La commission scolaire exploite six centres d’éducation des adultes et de formation professionnelle dans toute la région, desservant environ 1 200 étudiants chaque année. Le ministre de la Langue française, Roberge, a déclaré lors d’une conférence de presse le 4 juin que la mesure est prise pour stopper le déclin de la langue française dans la province. Il a déclaré qu’il y a 27 000 étudiants dans toute la province dans les secteurs de l’éducation des adultes et de la formation professionnelle qui étudient en anglais bien qu’ils ne soient pas admissibles en vertu de la loi 101, une tendance qui, selon lui, doit être inversée.

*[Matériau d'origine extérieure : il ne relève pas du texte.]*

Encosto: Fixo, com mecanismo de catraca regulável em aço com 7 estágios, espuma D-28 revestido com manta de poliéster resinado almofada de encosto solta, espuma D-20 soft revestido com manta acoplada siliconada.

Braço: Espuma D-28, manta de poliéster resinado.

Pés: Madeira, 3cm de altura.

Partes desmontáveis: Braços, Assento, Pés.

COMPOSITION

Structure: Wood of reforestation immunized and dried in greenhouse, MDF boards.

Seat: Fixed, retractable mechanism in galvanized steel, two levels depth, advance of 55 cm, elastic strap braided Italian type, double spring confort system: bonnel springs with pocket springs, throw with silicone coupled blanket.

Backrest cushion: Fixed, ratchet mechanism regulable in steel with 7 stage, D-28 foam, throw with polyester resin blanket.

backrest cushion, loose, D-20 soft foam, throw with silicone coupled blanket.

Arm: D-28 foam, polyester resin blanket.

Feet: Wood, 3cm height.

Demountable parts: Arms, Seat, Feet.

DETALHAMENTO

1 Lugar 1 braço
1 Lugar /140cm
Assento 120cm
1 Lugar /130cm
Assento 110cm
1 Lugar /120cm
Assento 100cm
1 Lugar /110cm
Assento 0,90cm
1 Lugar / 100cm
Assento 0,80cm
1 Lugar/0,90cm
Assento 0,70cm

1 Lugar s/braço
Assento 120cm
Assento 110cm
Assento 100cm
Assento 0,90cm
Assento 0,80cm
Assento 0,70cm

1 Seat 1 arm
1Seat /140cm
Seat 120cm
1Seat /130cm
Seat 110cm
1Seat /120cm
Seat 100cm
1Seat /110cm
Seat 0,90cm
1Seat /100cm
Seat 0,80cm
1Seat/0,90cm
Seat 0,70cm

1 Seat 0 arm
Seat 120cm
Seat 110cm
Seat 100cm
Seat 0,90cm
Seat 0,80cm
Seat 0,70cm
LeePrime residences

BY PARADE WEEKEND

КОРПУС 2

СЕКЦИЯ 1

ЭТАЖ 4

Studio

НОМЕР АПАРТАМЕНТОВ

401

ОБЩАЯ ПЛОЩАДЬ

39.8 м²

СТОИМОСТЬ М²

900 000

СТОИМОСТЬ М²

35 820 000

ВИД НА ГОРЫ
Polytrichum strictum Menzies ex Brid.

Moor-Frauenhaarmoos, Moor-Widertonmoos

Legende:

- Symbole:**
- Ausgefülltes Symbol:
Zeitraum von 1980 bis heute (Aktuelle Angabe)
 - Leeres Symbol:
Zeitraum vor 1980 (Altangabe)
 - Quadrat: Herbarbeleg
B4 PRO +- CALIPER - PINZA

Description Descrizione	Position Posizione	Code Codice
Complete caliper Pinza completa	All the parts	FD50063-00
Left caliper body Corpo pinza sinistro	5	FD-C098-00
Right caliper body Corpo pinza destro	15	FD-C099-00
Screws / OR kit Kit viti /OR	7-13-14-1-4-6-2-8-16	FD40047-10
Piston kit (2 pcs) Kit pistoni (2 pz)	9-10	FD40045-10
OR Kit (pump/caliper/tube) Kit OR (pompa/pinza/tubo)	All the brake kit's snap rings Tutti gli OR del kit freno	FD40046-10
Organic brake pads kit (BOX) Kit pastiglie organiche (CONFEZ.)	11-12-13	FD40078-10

« Il existe une très forte corrélation entre le diplôme final reçu, la langue dans laquelle nous recevons ce diplôme final, et la langue utilisée au travail, dans les communications, même dans les communications personnelles », a-t-il déclaré.
« C’est un projet de loi qui s’ajoute à une série de mesures indispensables pour inverser le déclin de la langue française. » Proulx a remis en question la capacité des centres de services en français à absorber 27 000 étudiants supplémentaires, citant le fait que certains programmes, notamment en soins infirmiers, ont une liste d’attente dans le système français.
Il a déclaré que le système français manque également d’espace de classe disponible, remettant en question la capacité des étudiants à obtenir l’éducation qu’ils désirent. « Ils n’auront pas la capacité d’accepter ces étudiants [ . . . ] Ils n’auront pas les installations ou le personnel enseignant », a-t-il déclaré.
Le président de l’Association des commissions scolaires anglophones du Québec, Joe Ortona, a déclaré dans un communiqué de presse le 4 juin que le changement proposé créerait des obstacles inutiles pour les apprenants tout en affaiblissant les voies d’accès à l’emploi.
« Nous croyons qu’il existe des moyens plus efficaces et constructifs de renforcer et de promouvoir la langue française sans restreindre l’accès à l’éducation », a déclaré Ortona. « Améliorer l’apprentissage du français au sein des programmes de formation professionnelle et d’éducation des adultes, tout en soutenant des modèles de formation bilingue pratiques, servirait mieux à la fois les apprenants, le marché du travail québécois et l’économie de la province. »
Si ce projet de loi devient loi, les nouvelles règles n’entreraient pas en vigueur avant le 1er juillet 2028, ce qui signifie que les étudiants actuellement formés dans le système anglais seraient autorisés à terminer leur éducation en anglais. Ceux qui s’inscrivent après l’adoption du projet de loi et qui ne sont pas admissibles au système anglais devraient passer au système français.
L’Assemblée nationale doit suspendre ses travaux pour l’été le 12 juin. Si la législation n’est pas adoptée avant cette date, elle pourra se poursuivre à travers le processus législatif lorsque les députés reviendront à l’automne. Il y a une élection provinciale le 4 octobre.